Extracted data entries
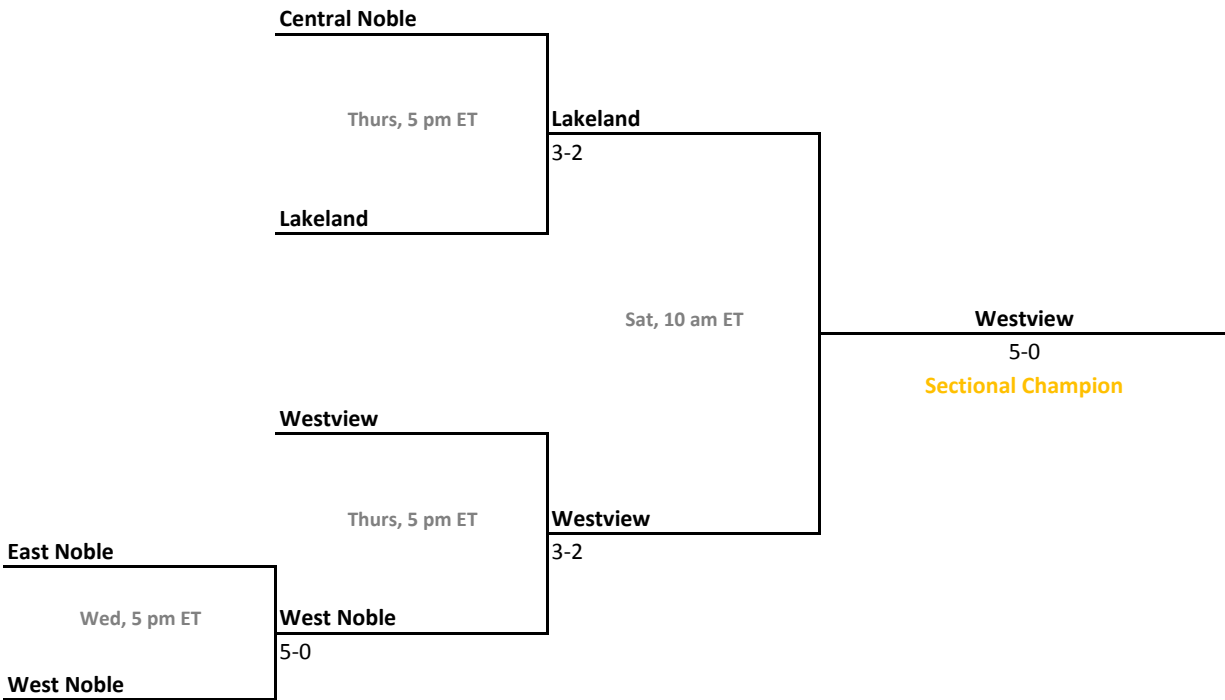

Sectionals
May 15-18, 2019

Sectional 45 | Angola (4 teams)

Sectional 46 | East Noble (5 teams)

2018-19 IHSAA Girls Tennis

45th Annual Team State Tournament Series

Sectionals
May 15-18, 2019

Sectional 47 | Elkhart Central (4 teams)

...

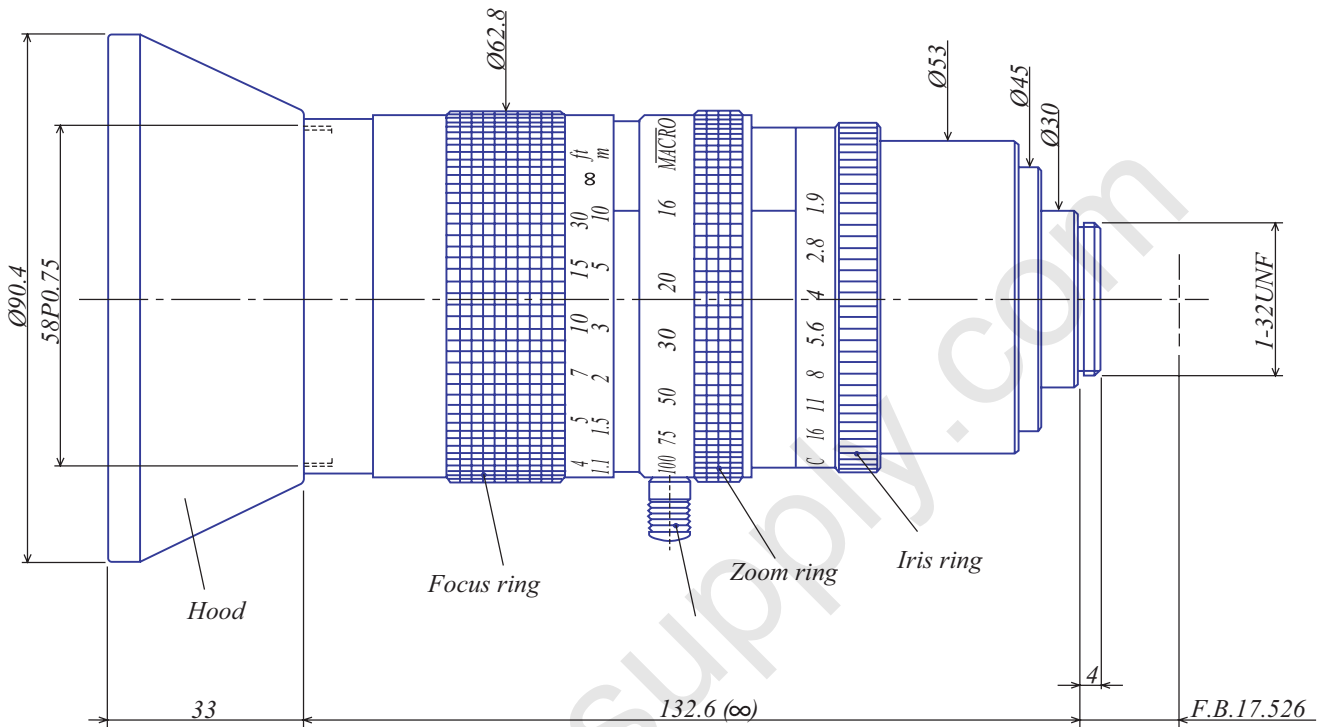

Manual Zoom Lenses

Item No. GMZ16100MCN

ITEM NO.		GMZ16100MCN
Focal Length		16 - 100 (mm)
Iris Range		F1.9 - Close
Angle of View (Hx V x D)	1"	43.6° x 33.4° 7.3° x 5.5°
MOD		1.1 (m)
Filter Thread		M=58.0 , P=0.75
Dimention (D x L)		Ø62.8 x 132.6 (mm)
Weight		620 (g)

==

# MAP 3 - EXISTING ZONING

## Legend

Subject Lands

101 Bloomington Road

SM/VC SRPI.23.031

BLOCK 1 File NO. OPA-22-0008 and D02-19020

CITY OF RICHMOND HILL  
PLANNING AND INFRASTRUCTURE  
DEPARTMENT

AIM OF THE EXERCISE – Extract each line from the entries above that contains the string "teams".

ANSWER SPACE –
Sectional 45 | Angola (4 teams)
Sectional 46 | East Noble (5 teams)
Sectional 47 | Elkhart Central (4 teams)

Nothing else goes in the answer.